At present, filing rates are holding up well, but we will continue to monitor the situation during January and keep matters under review.”

Taxpayers must complete a self-assessment return if they:

  • earned more than £2,500 from renting out property;
  • received, or their partner has received, Child Benefit and either of them had an annual income of more than £50,000;
  • received more than £2,500 in other untaxed income, for example from tips or commission;
  • are a self-employed sole trader whose annual turnover is over £1,000;
  • are an employee claiming expenses in excess of £2,500;
  • have an annual income of over £100,000; or
  • have earned income from abroad that they need to pay tax on.

Once self-assessment taxpayers have completed their 2019/20 tax return, and know how much tax is owed, they can set up their own payment plan to help spread the cost of their tax liabilities, up to the value of £30,000 using the online self-serve Time to Pay facility to set up monthly direct debits. For amount over £30,000, Time to Pay may also be available by contacting HMRC. Interest will be applied to any outstanding balance from 1 February 2021.

Taxpayers can also now check on GOV.UK whether they need to declare, or possibly pay tax, on any ‘casual’ income.
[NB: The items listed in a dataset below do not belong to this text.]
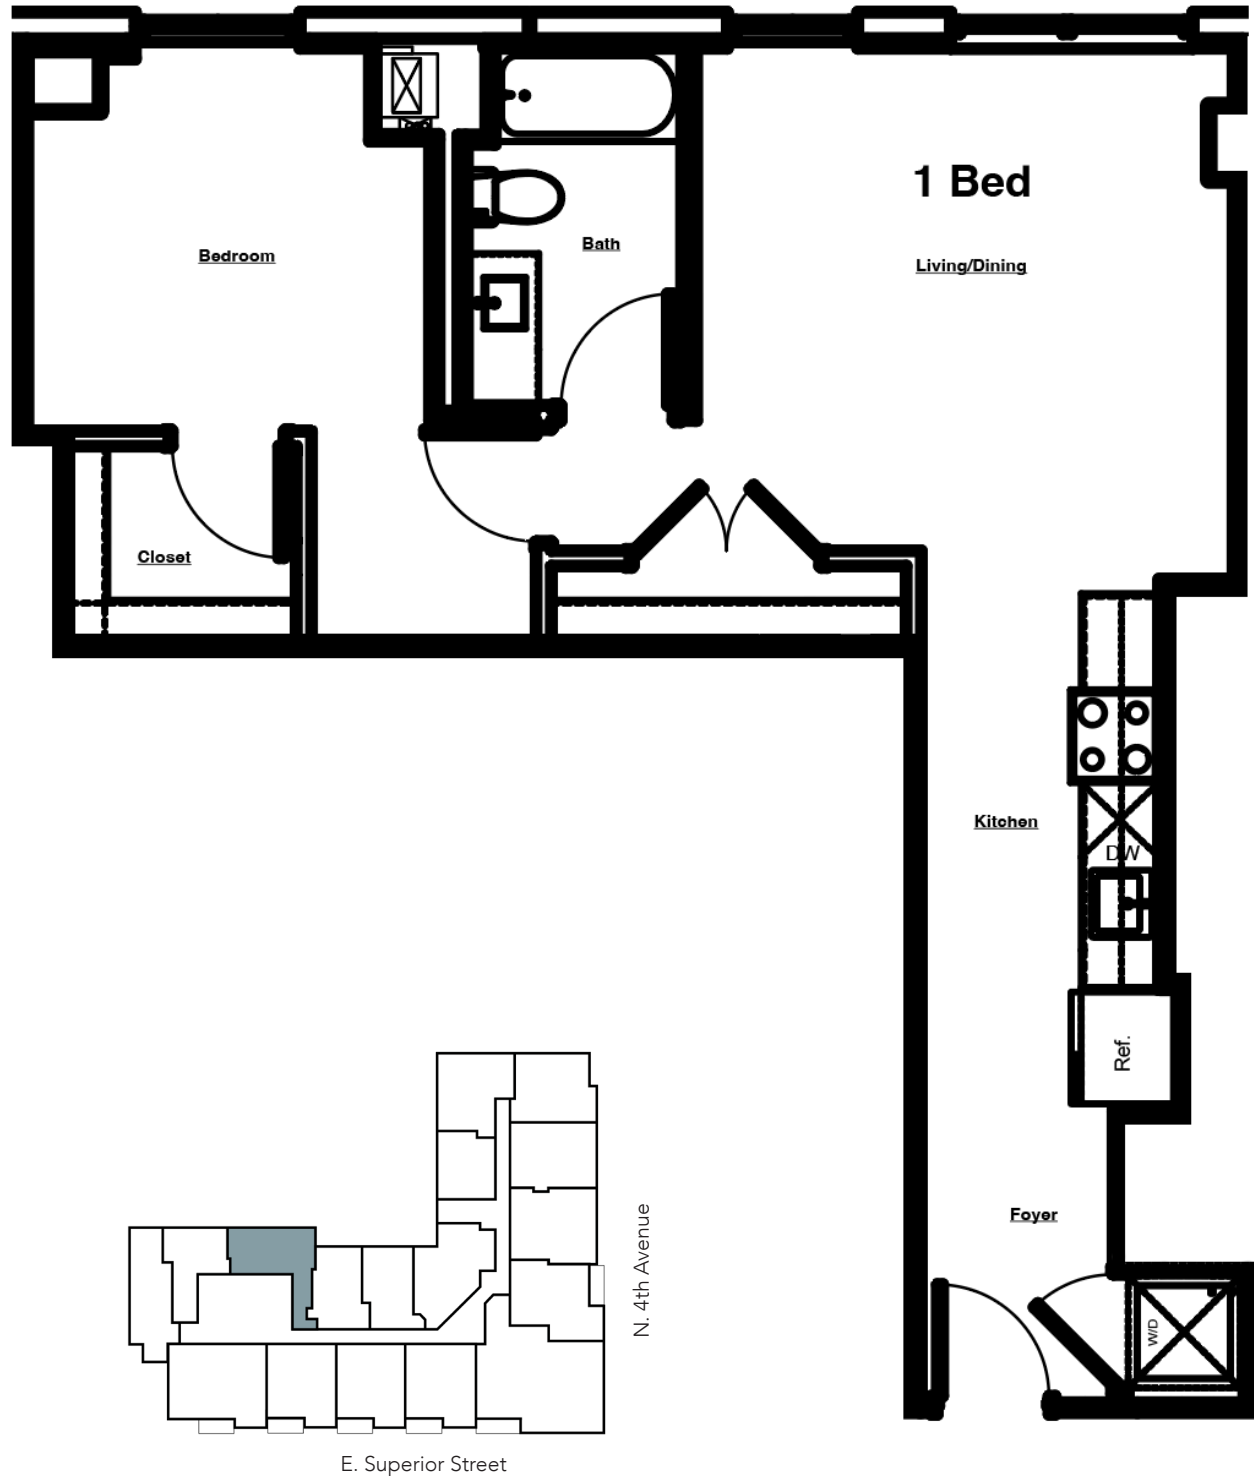

## UNIT #514

1 Bed | 1 Bath

720 sq. ft.\*

- » Pets allowed
- » Washer/Dryer in unit
- » Dishwasher
- » Courtyard View

\*Square feet listed is approximate

\*\*Pricing and availability coming soon.

COURTYARD VIEW

This new interactive guidance explains what individuals need to do if they receive non-PAYE income from:

  • selling things, for example at car boot sales or auctions, or online;
  • doing casual jobs such as gardening, food delivery or babysitting;
  • charging other people for using your equipment or tools; or
  • renting out property or part of their home, including for holidays (for example, through an agency or online).